Brief:
Below are some entries. Transcribe the lines from the one holding "BUTTEROIL Exports" to the one holding "DIN EN 13032 and DIN 5032", inclusive, but not the pictures among them.

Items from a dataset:

╭──

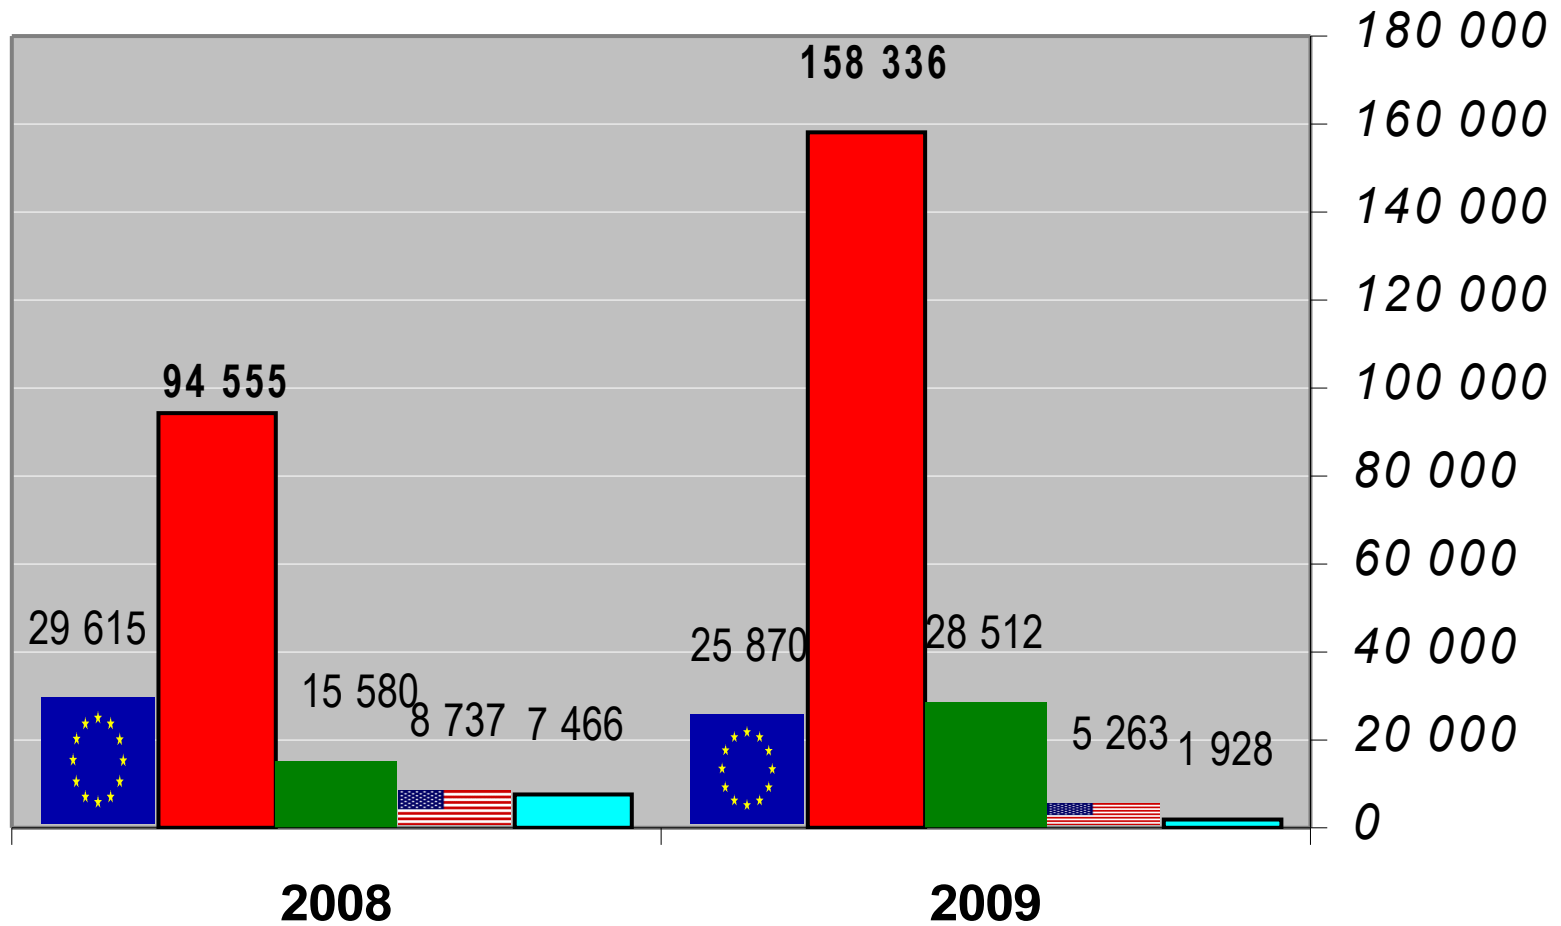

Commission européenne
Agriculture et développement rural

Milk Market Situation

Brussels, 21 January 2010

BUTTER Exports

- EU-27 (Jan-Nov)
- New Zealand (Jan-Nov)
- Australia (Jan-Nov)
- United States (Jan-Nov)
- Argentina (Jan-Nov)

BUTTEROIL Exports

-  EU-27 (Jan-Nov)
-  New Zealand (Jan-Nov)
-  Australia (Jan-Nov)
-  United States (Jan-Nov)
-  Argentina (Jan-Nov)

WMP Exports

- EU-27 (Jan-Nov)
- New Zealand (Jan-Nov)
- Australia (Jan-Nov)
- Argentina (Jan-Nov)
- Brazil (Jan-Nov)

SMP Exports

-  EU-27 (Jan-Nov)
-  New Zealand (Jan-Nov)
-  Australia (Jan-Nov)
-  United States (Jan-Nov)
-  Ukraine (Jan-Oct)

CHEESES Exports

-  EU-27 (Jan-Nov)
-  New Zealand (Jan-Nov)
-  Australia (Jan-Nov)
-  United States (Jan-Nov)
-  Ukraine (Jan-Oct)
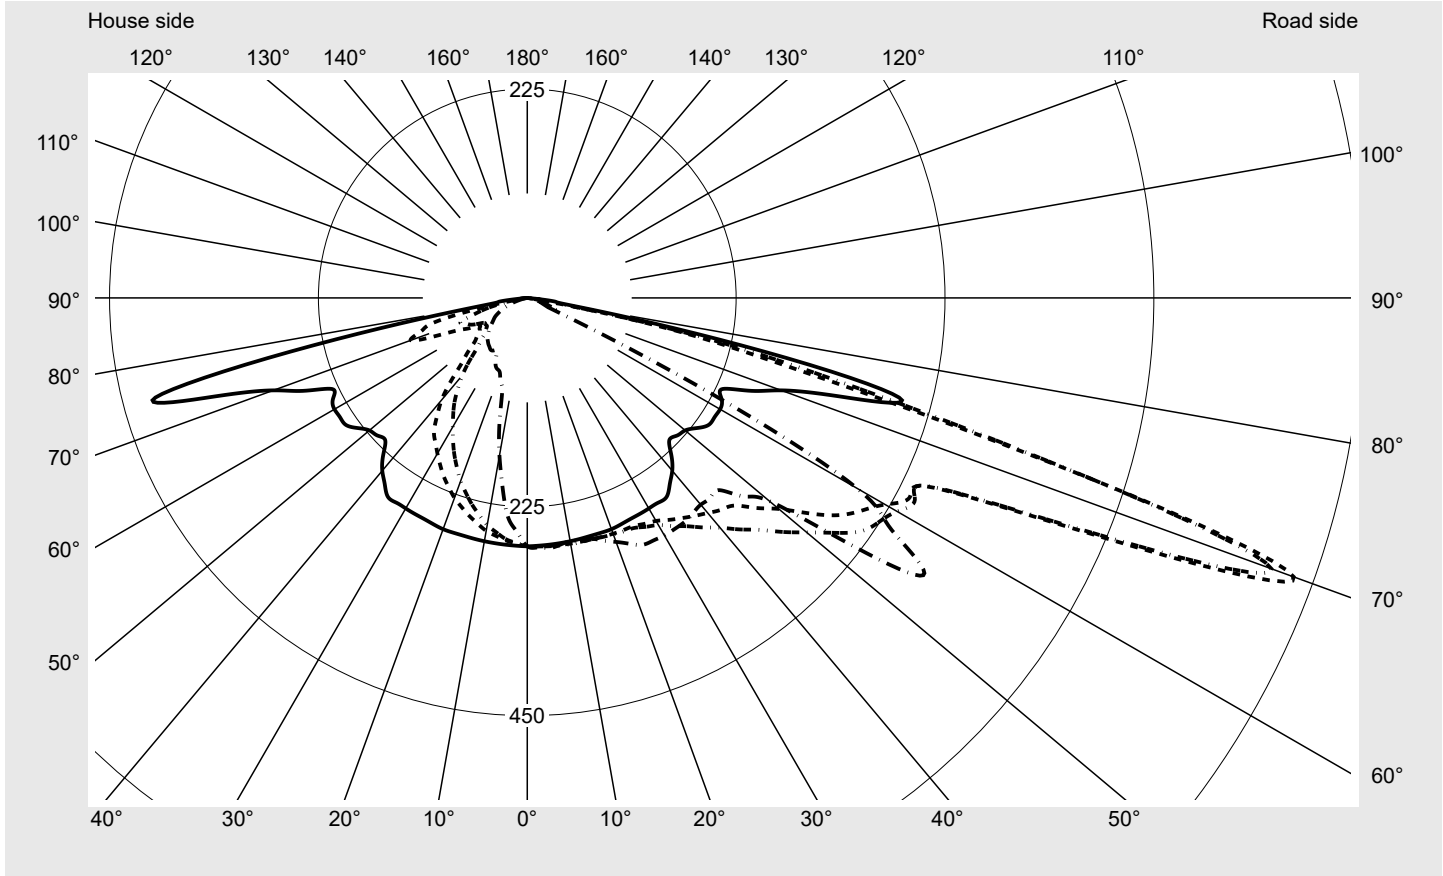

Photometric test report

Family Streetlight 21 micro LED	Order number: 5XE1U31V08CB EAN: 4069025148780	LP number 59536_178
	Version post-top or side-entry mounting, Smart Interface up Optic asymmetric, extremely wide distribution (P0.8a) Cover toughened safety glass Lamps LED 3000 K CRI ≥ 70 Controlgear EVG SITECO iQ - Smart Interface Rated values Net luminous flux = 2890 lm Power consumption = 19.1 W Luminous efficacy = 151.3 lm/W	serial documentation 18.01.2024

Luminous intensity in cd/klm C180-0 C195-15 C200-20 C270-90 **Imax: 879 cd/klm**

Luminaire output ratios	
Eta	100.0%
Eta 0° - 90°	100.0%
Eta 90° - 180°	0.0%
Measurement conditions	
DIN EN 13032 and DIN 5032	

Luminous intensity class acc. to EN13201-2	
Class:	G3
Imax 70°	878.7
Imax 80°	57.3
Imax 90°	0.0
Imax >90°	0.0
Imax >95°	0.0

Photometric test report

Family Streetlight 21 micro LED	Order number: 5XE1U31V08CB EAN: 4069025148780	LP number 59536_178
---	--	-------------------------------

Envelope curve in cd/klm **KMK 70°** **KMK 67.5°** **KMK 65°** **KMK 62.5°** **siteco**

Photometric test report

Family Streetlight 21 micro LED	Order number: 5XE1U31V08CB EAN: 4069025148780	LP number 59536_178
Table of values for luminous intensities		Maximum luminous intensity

╰──

Exercise result:
BUTTEROIL Exports

-  EU-27 (Jan-Nov)
-  New Zealand (Jan-Nov)
-  Australia (Jan-Nov)
-  United States (Jan-Nov)
-  Argentina (Jan-Nov)

WMP Exports

- EU-27 (Jan-Nov)
- New Zealand (Jan-Nov)
- Australia (Jan-Nov)
- Argentina (Jan-Nov)
- Brazil (Jan-Nov)

SMP Exports

-  EU-27 (Jan-Nov)
-  New Zealand (Jan-Nov)
-  Australia (Jan-Nov)
-  United States (Jan-Nov)
-  Ukraine (Jan-Oct)

CHEESES Exports

-  EU-27 (Jan-Nov)
-  New Zealand (Jan-Nov)
-  Australia (Jan-Nov)
-  United States (Jan-Nov)
-  Ukraine (Jan-Oct)

Photometric test report

Family Streetlight 21 micro LED	Order number: 5XE1U31V08CB EAN: 4069025148780	LP number 59536_178
	Version post-top or side-entry mounting, Smart Interface up Optic asymmetric, extremely wide distribution (P0.8a) Cover toughened safety glass Lamps LED 3000 K CRI ≥ 70 Controlgear EVG SITECO iQ - Smart Interface Rated values Net luminous flux = 2890 lm Power consumption = 19.1 W Luminous efficacy = 151.3 lm/W	serial documentation 18.01.2024

Luminous intensity in cd/klm C180-0 C195-15 C200-20 C270-90 **Imax: 879 cd/klm**

Luminaire output ratios	
Eta	100.0%
Eta 0° - 90°	100.0%
Eta 90° - 180°	0.0%
Measurement conditions	
DIN EN 13032 and DIN 5032	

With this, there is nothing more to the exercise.